Gamble of the week: Windfall for haulage firm

An Eddie Stobart truck is one of the most recognisable sights on Britain’s roads. The trucks have a huge fan club and there’s even a TV series about them. But do the shares of parent company Stobart Group warrant the same level of affection?

Moving goods from place to place is what makes economies work. Known in the trade as logistics, it is also a hard way to make a living. Competition at the bottom-end, box-shifting part of the market is cut-throat. To survive, firms such as Stobart have to become a major part of a firm’s supply chain and make sure that goods are delivered on time in the most efficient way possible.

Stobart is quite good at doing this and has a decent reputation. But that doesn’t change the hard facts of this business. Essentially, it’s all about keeping your fleets of trucks and warehouses as full and as busy as possible. This has been quite a challenge in recent months, as some of Stobart’s customers had expected to be a lot busier than they have turned out to be.

This is not a huge surprise, given the weak British economy, but for a company like Stobart, with all the costs of renting trucks, warehouses and fuel, a small reduction in sales can lead to quite a big drop in profits. So it will keep cutting costs and becoming more efficient to keep profit levels respectable.

Given that the trucking business dominates the group, the tough business conditions here have probably put a lot of investors off buying the shares.

Stobart Group (LSE: STOB)

Stobart share price chart

But there’s a lot more to Stobart than trucks. In fact, it has some quite interesting assets that aren’t making lots of money yet, but have the potential to do so in a few years’ time.
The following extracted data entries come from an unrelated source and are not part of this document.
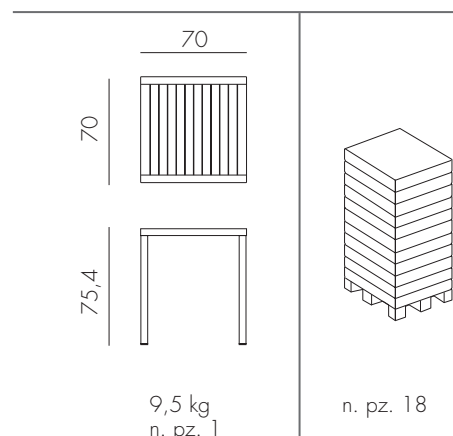

# Cube 70

design Raffaello Galio

YOUR OUTDOOR LIVING

Ref. 478

tested by

**ANTRACITE**  
verniciato antracite  
47852.02.000

**BIANCO**  
verniciato bianco  
47853.00.000

**CAFFÈ**  
verniciato caffè  
47857.05.000

**TORTORA**  
verniciato tortora  
47859.10.000

Tavolo impilabile 70x70 cm, piano DurelTOP in polipropilene trattato anti-UV e colorato in massa, gambe in alluminio verniciato con piedini regolabili.

Stackable table 70x70 cm, with DurelTOP in polypropylene with UV additives and is uniformly coloured, coated aluminium legs with adjustable height feet.

Table empilable 70x70 cm avec plateau DurelTOP en polypropylène traité anti-UV et coloré dans la masse, pieds en aluminium vernis avec vérins de réglage.

Stapelbarer Tisch 70x70 cm, mit DurelTOP Tischplatte aus UV-beständigem Polypropylen, voll durchgefärbt, Gestell aus epoxiertem Aluminium. Füße mit Höhenausgleich.

Mesa apilable 70x70 cm con tablero DurelTOP en polipropileno tratado anti UV y teñido en masa, patas en aluminio pintado con pies regulables.

Mesa empilhável 70x70 cm com tampo DurelTOP em polipropileno com tratamento anti-UV colorido na totalidade, pernas em alumínio pintado com pés reguláveis.
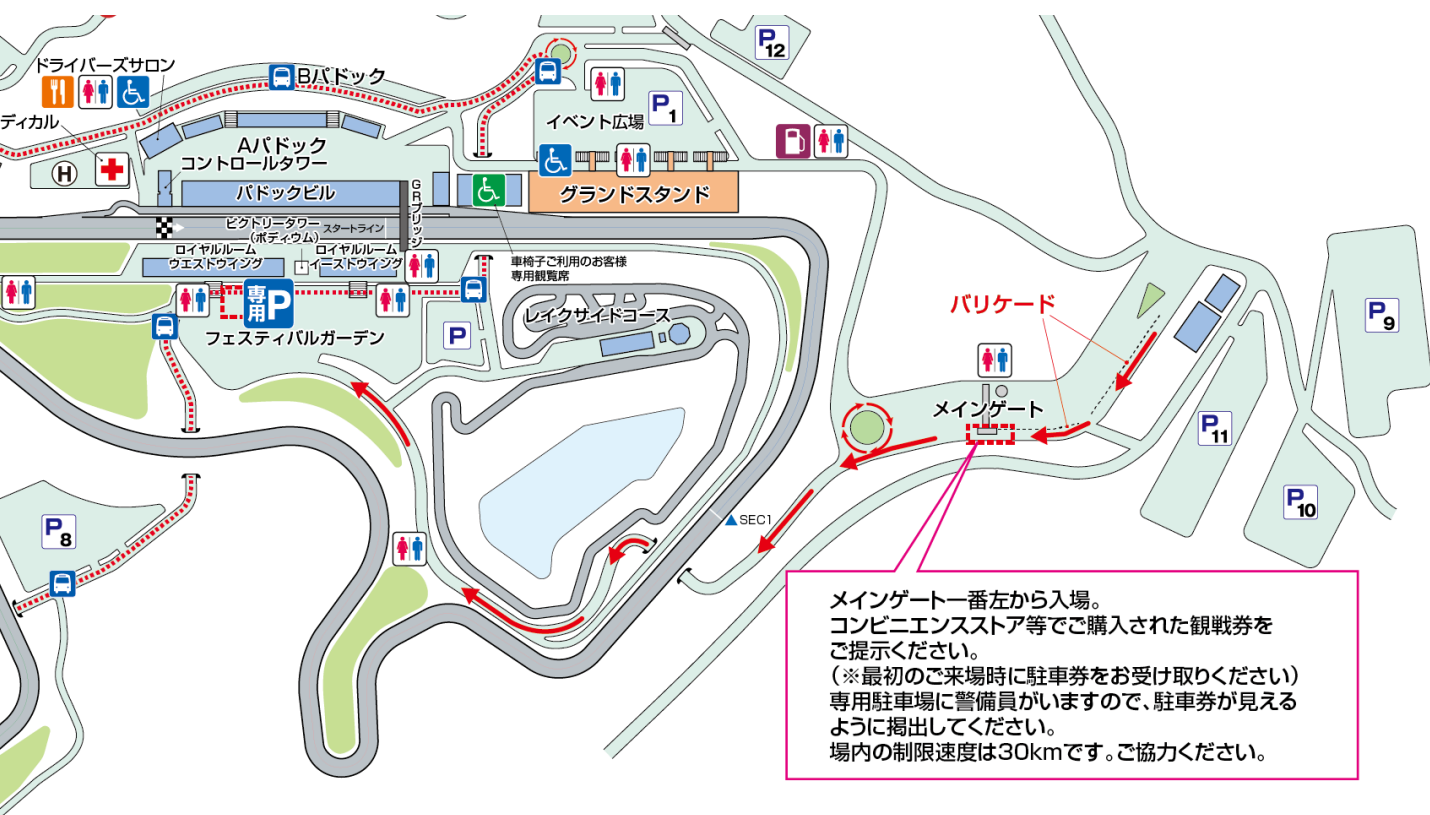

2026 MFJ全日本ロードレース選手権シリーズ第3戦
SUPER BIKE RACE in KYUSHU

ロイヤルルームウエストウイング観戦券のご案内

拝啓 時下ますますご清祥のこととお喜び申し上げます。
日頃は、オートポリスをご愛顧いただき誠にありがとうございます。
ロイヤルルームウエストウイング観戦券をお買い求めいただいたお客様に下記の
通りご案内申し上げます。

敬具

記

[1] 入場方法及び駐車場所

①入場方法

土曜日・日曜日ともメインゲートの一番左側ゲートからお入りください。
ゲートオープン時間は、土曜日 7:00~22:00、日曜日 7:00~19:00です。
※来場初日に駐車パスをゲートでお渡しします。誘導係員にわかるように呈示をお願いします。

②駐車場所

フェスティバルガーデンが指定駐車場となります。
(ロイヤルルームウエストウイングがオープンしていない時間は車中でお待ちください。)

[2] ロイヤルルームウエストウイングに関して

①受付方法

1階ロビーにて受付を行いますのでコンビニエンスストア等でご購入いただいた観戦券をご提示ください。専用のパスをお渡しします。

②営業時間予定

※ 5月30日（土） 7:00～17:00（変更の可能性あり）

※ 5月31日（日） 7:00～16:30（変更の可能性あり）

当日の天候やその他の事情でスケジュールは予告なく変更することがありますので予めご了承ください。

※土曜日の再入場は22:00迄となっております。ご注意ください。
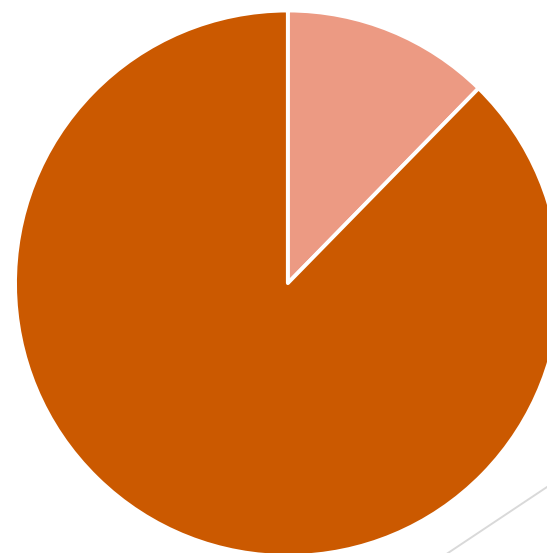

▶ 家族

▶ 子供

滝川市の強み

交通利便性の高さ

医療施設の充実

医療施設が多い

高齢者寄りの町

滝川市人口データ

0～4	583	515	1,098
5～9	641	590	1,231
10～14	766	707	1,473
15～19	911	689	1,600
20～24	865	697	1,562
25～29	822	702	1,524
30～34	821	779	1,600
35～39	985	953	1,938
40～44	1,097	1,089	2,186
45～49	1,413	1,394	2,807

合計	18,227	20,163	38,390
世帯数	21,017		

若者比率

約12%

■ 0から19 ■ その他

滝川市役所HP 年齢別人口令和4年6月末より

あなたがお住いの地域で居住環境として重要と考える機能・項目は何ですか？

35,7%もの人が居住環境に公園、広場が重要と考
えている。

公園の利用者は子供
や家族
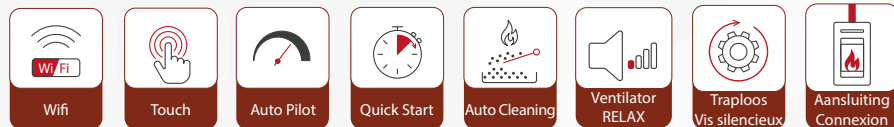

Le Tjallmo offre une belle vue sur le feu sur 3 côtés. La nouvelle technologie de brûleur garantit un bel effet de flamme. Le Tjallmo est une innovation unique et est un poêle à pellets très silencieux avec déchargement automatique. Parfaitement contrôlable avec le Télécommande et application WIFI.

16

Informatie / Information

De Nordic Fire Pluspunten

- Gepatenteerde vol-automatische-reiniging van de branderbak, hierdoor hoeft men de pelletkachel veel minder vaak te reinigen.
- Veel minder geluid dankzij de traploze vijzelmotor, verchroomde vijzel en stil draaiende ruimteventilator, met relax-functie.
- Standaard voorzien van een Touch afstandbediening en WIFI
- Veel zuiniger met pellets, dankzij het Auto-pilot-system.
- Het Quick-start-system zorgt voor een veel snellere opstart en minder stroomverbruik bij de opstart.

Les avantages du Nordic Fire

- Nettoyage automatique breveté, entièrement automatique. Ce qui signifie que le poêle à granulés doit être nettoyé beaucoup moins souvent.
- Beaucoup moins de bruit grâce avec un moteur vis sans fin continue et un ventilateur avec mode 'relax'.
- Beaucoup plus économique avec les pellets, grâce au système Auto-pilot.
- Le système Quick-start assure un démarrage beaucoup plus rapide et une consommation d'énergie réduite au démarrage.
- Equipé avec une télécommande tactile et du WIFI standard.
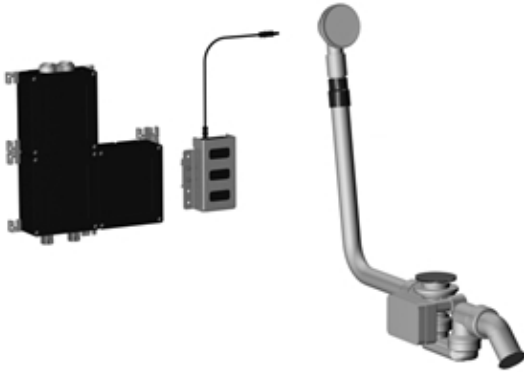

Ванна - Различные серии  
eSET Ванна на 2 потребителя - хром  
Артикулльный номер: 35 025 970-00

- блок управления и клапан в сборе для настенного монтажа, включающий в себя 1 электронный вентиль eVALVE для регулировки температуры и расхода воды и электронный двухпозиционный переключатель, (240мм x 270мм x 60мм)
- электронный гарнитур слив-перелив
- 2х напорный шланг 1/2"IG x 1/2"IG x 400 мм
- трансформатор 100 - 240 В пер. тока / 12 В пост. тока, 50 - 60 Гц, 60 Вт
- 2х угловой клапан 1/2" нар. резьба с фильтром
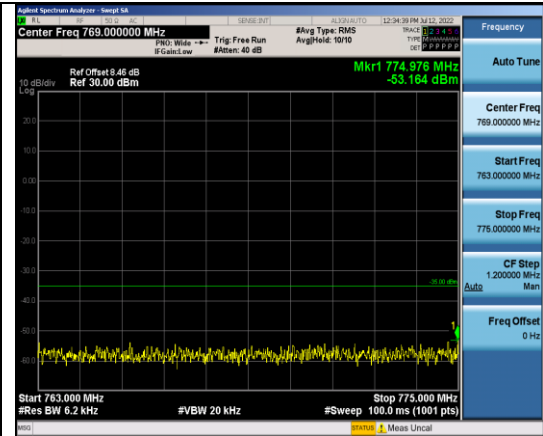

Band13-5MHz-16QAM-23205-1RB#0-  
 Range4:763~775MHz

Band13-5MHz-QPSK-23255-1RB#0-  
 Range3:1559~1610MHz

Band13-5MHz-16QAM-23205-1RB#0-  
 Range5:793~805MHz

Band13-5MHz-16QAM-23205-1RB#0-  
 Range2:1000~10000MHz
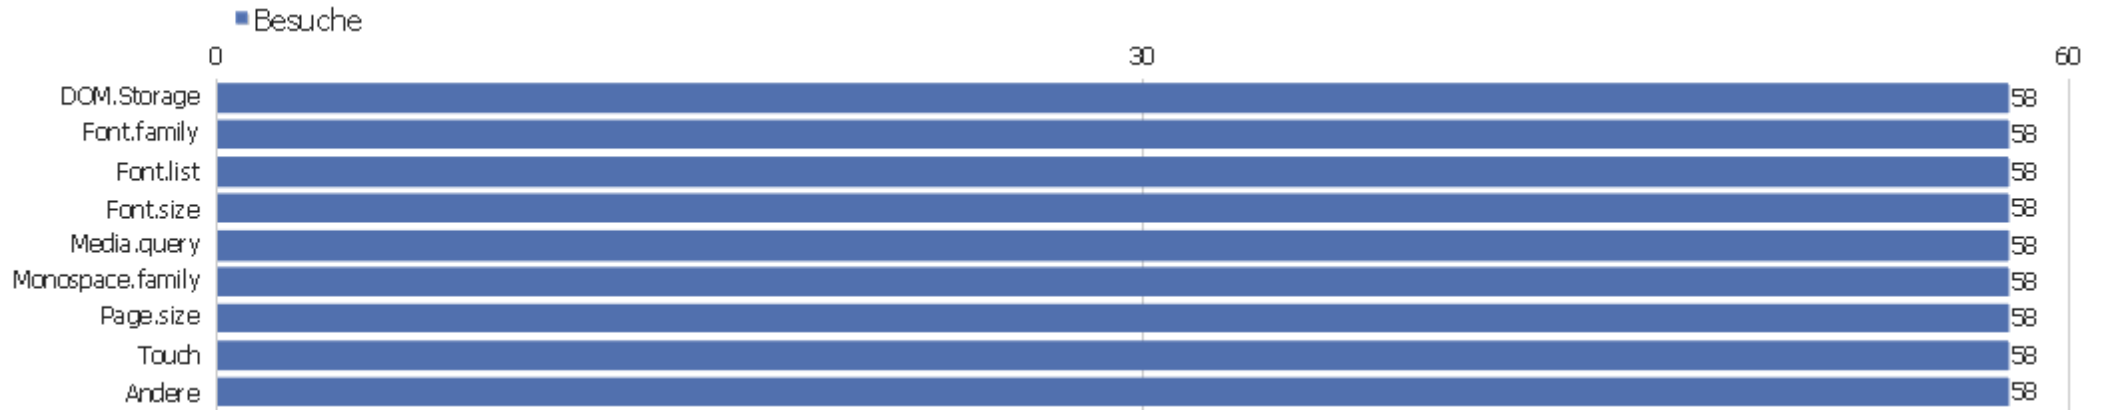

Benutzerdefinierte Variablen

Name der benutzerdefinierten Variable	Besuche	Aktionen	Aktionen pro Besuch	Durchschnittszeit auf der Webseite	Absprungrate	Umsatz
DOM.Storage	58	259	4,47	00:12:51	8,62%	0 €
Font.family	58	259	4,47	00:12:51	8,62%	0 €
Font.list	58	259	4,47	00:12:51	8,62%	0 €
Font.size	58	259	4,47	00:12:51	8,62%	0 €
Media.query	58	259	4,47	00:12:51	8,62%	0 €
Monospace.family	58	259	4,47	00:12:51	8,62%	0 €
Page.size	58	259	4,47	00:12:51	8,62%	0 €
Touch	58	259	4,47	00:12:51	8,62%	0 €
WebGL	58	259	4,47	00:12:51	8,62%	0 €
FIDE.30.games?	0	79	0	00:00:00	0%	0 €
FIDE.execution	0	79	0	00:00:00	0%	0 €
FIDE.games	0	79	0	00:00:00	0%	0 €
FIDE.max.2400?	0	79	0	00:00:00	0%	0 €
FIDE.rating.old	0	79	0	00:00:00	0%	0 €
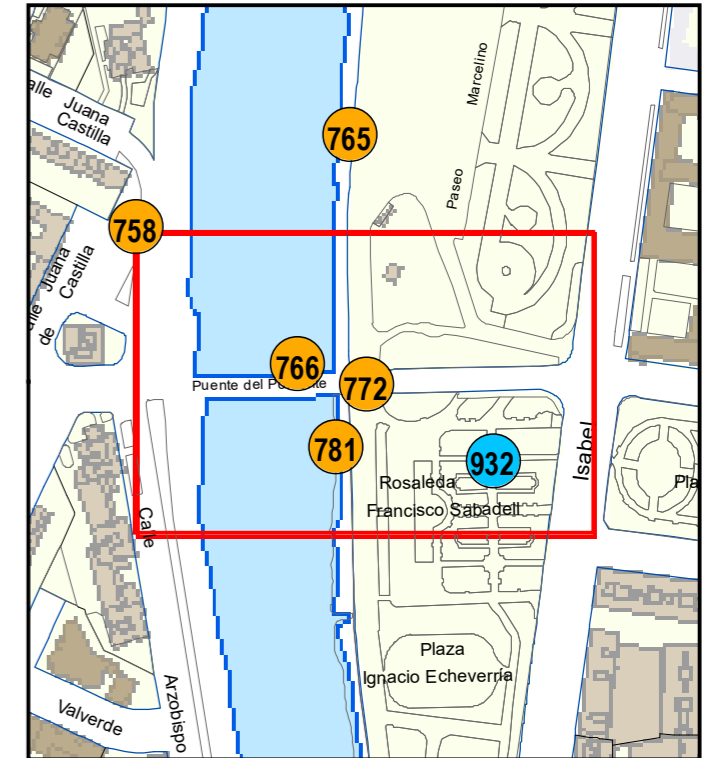

# ESCULTURAS Y ELEMENTOS DECORATIVOS

Escala 1:1.000

ESCULTURAS ● LEONES ● LÁPIDAS ● MURALES ● OTROS ●

NÚMERO: 772  
 TIPO: MURAL  
 DENOMINACIÓN: Un buzo en el Pisuerga  
 AUTOR: Asociación Cultural Artista Polímata.  
 AÑO: 2018  
 SITUACIÓN: Puente del Poniente  
 PROPIEDAD DE:  
 NÚMERO DE INVENTARIO:
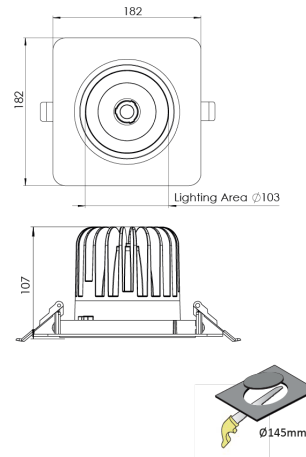

Ürün Ailesi	Lior
Ayarlanabilirlik	Ayarlanabilir: 22°&22° - 350°
Renk	Beyaz- Siyah- Gri- RAL
Montaj Tipi	Ayarlanabilir Sıva Altı
Gövde	Elektrostatik toz boyalı alüminyum döküm gövde
Işık Kaynağı	COB LED
Işık Rengi	2700-3000-4000-5000-6500K
Renksel Geriverim	CRI>80 , CRI>90
Güç	35 W
Güç Faktörü	Pf>90
Verimlilik	105lm/W
Işık Açısı	15° ,24°,40° ,60°
Işık Akısı	3675 lm
Çalışma Gerilimi	220-240V AC / 50-60 Hz
Işık Kaynağı Ömrü	50.000 saat LED kullanım ömrü
Optik	Yüksek verimli reflektör ve PC cam
Kontrol Tipi	On/Off – Dali
Elektrik Yalıtım Sınıfı	Class II
Opsiyonel Özellikler	Acil durum kiti sistemi entegre edilebilir
Sızdırmazlık	IP20
Ağırlık	1 Kg
Ölçü	182 x 182 x 107 mm

ÖLÇÜLER

Lümen değeri 4000K değerine göre verilmiştir.

Armatür F işaretlidir ve normal yanıcı yüzeyler üzerine doğrudan monte edilmek için uygundur.

Tüm bileşenler 5 yıl sınırlı garanti kapsamındadır. Ürünün doğru şekilde monte edilmesi için yetkili bir elektrikçi tarafından kurulum yapılması zorunludur.
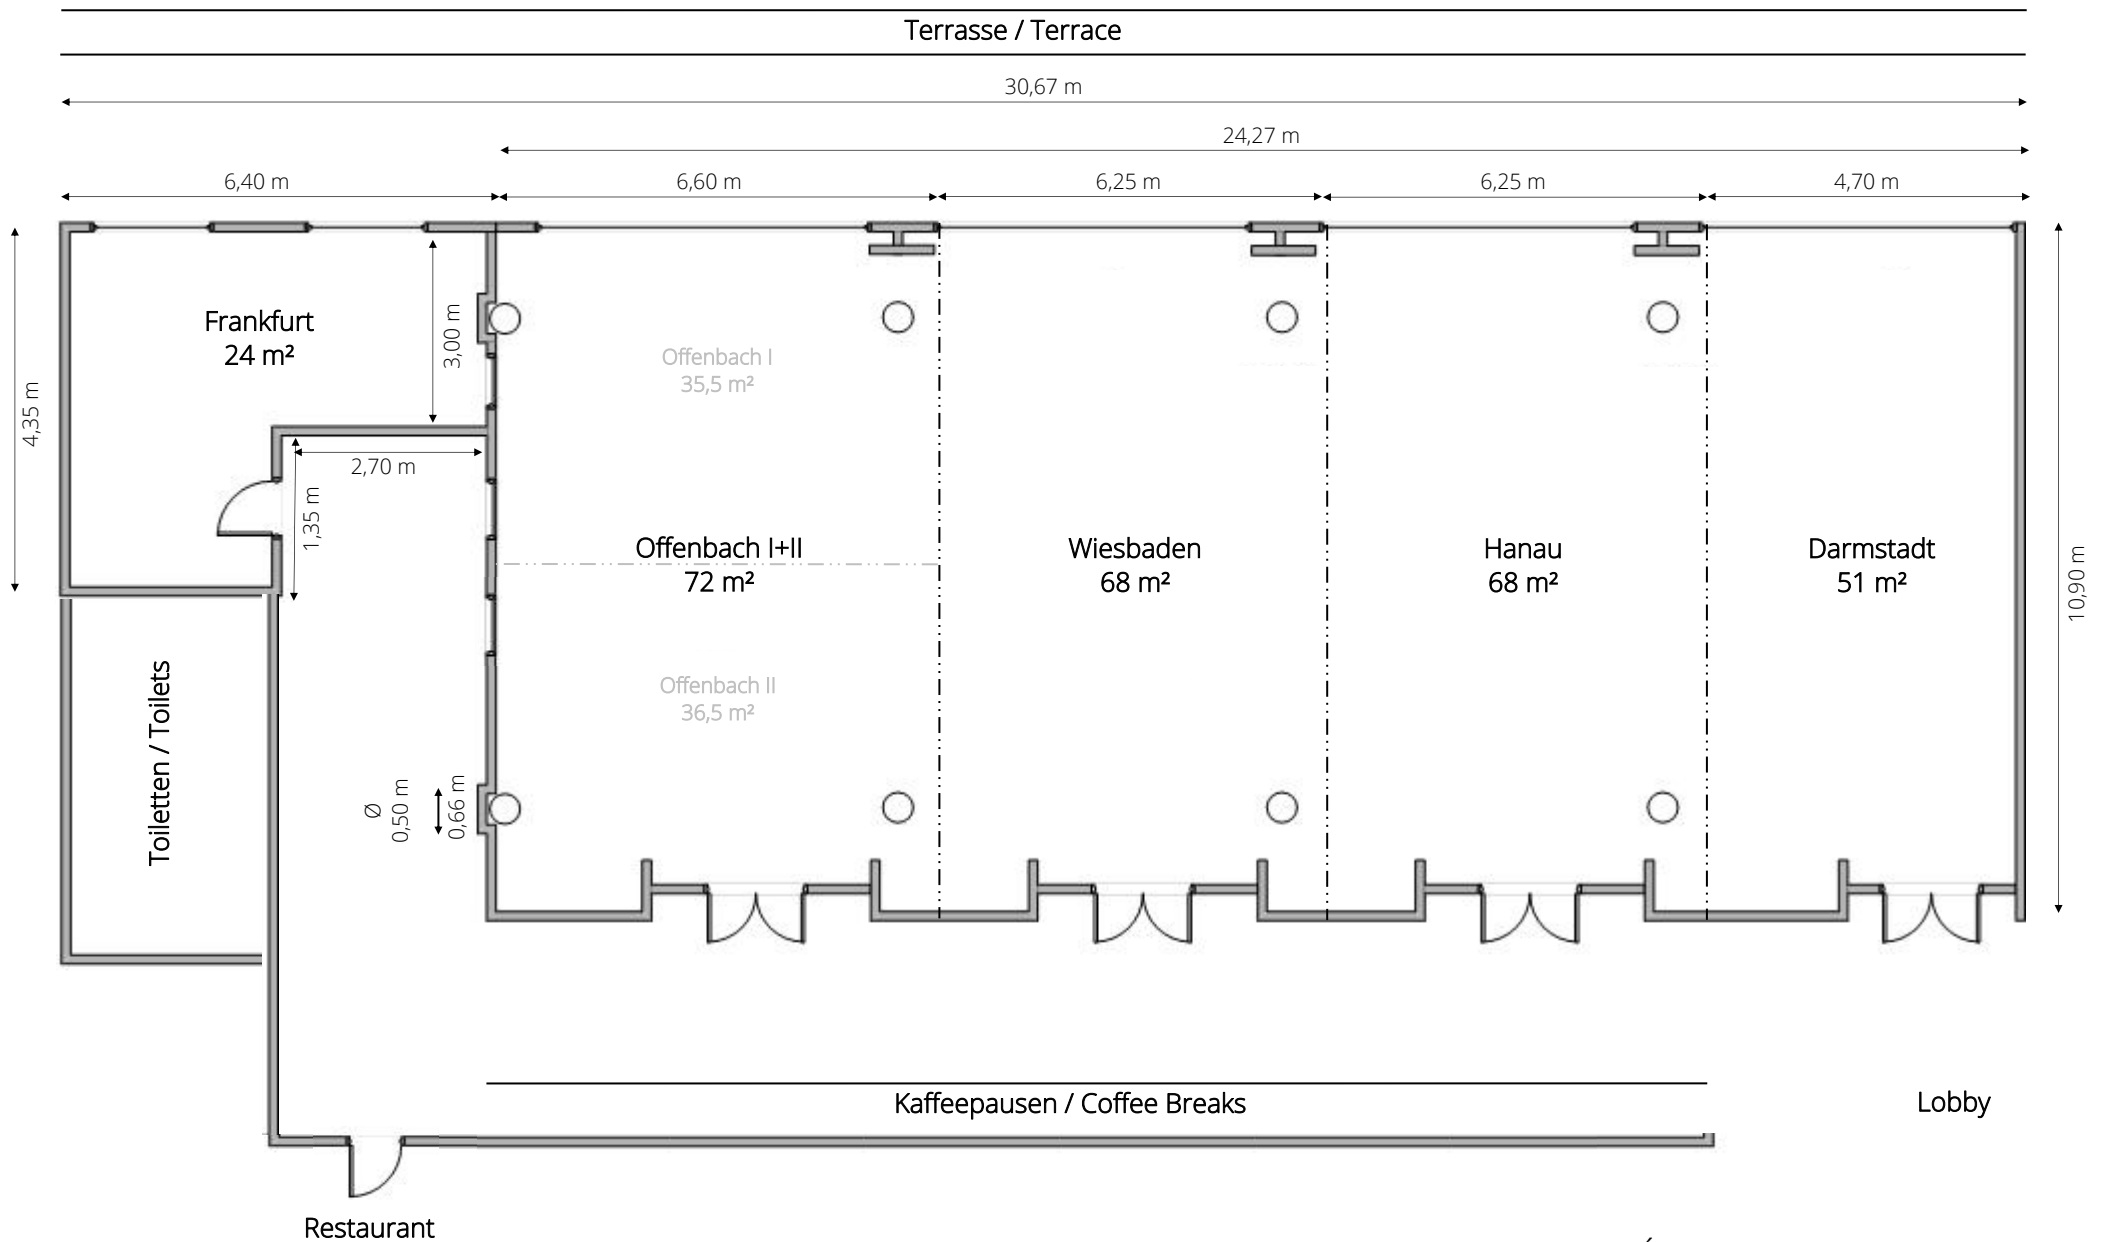

# HOTEL FRANKFURT MESSE

Raum / Room	m <sup>2</sup>	Maße (LxBxH) / Dimensions (LxWxH)	Empfang / Reception	Bankett / Banquet	Theater / Theatre	Block / Boardroom	Parlamentarisch / Classroom	U-Form / U-Shape
Darmstadt	51	10,90 x 4,70 x 3,20	35	20	30	16	14	12
Hanau	68	10,90 x 6,25 x 3,20	55	30	50	24	24	16
Wiesbaden	68	10,90 x 6,25 x 3,20	55	30	50	24	24	16
Offenbach I+II	72	10,90 x 6,60 x 3,20	60	40	55	24	26	18
Frankfurt (L-förmig / L-shaped)	24	2,70 x 3,00 & 3,70 x 4,35	8	0	8	8	0	0
Darmstadt + Hanau	119	10,95 x 10,90 x 3,20	90	50	80	0	36	26
Hanau + Wiesbaden	136	12,50 x 10,90 x 3,20	110	60	90	0	38	28
Wiesbaden + Offenbach	140	12,85 x 10,90 x 3,20	115	70	100	0	40	30
Darmstadt + Hanau + Wiesbaden	187	17,20 x 10,90 x 3,20	145	80	130	0	54	40
Hanau + Wiesbaden + Offenbach	208	19,10 x 10,90 x 3,20	180	120	150	0	80	44
Hessen	263	24,20 x 10,90 x 3,20	250	160	220	0	120	46

The most interesting of all is Southend Airport, which is now officially London’s sixth airport. More than £100m has been invested here in assets, such as a new terminal building, a good railway link to London Liverpool Street, and a Holiday Inn hotel. Budget airline easyJet has signed up to fly from the airport for ten years, while Aer Lingus also flies to Ireland from here.

EasyJet is adding new routes, and there are already plans to expand the terminal building and extend the runway. This means there is potential for passenger numbers and profits to grow rapidly. If Southend can attract more passengers from nearby Stansted, then Stobart could be sitting on a very valuable asset.

The other area of potential is Stobart’s biomass business. It sources biomass products, such as waste wood from the construction industry and woodchips from British sawmills, then sells them to power generators and industrial plants, which burn them to generate electricity. It also sources waste products that would have gone into landfill sites and makes fuel products out of them.

With the government looking to support biomass, this could turn into a profitable business for Stobart. This business is growing nicely and is also exporting products to Europe. It is also a good source of growing demand for the company’s trucking business.

The shares trade on just over 11 times 2013 expected profits. That’s probably too much for a trucking business that’s heavily geared to the British economy. But throw in the potential profits from the airport and biomass businesses, and the shares start to look quite interesting.

On top of that, the 6p dividend looks safe enough for now and gives the shares a 6.3% yield at the current price of 95p. So you’re being paid to wait and see if the growth projects can pay off. Given all this, the shares look worth a gamble at the very least.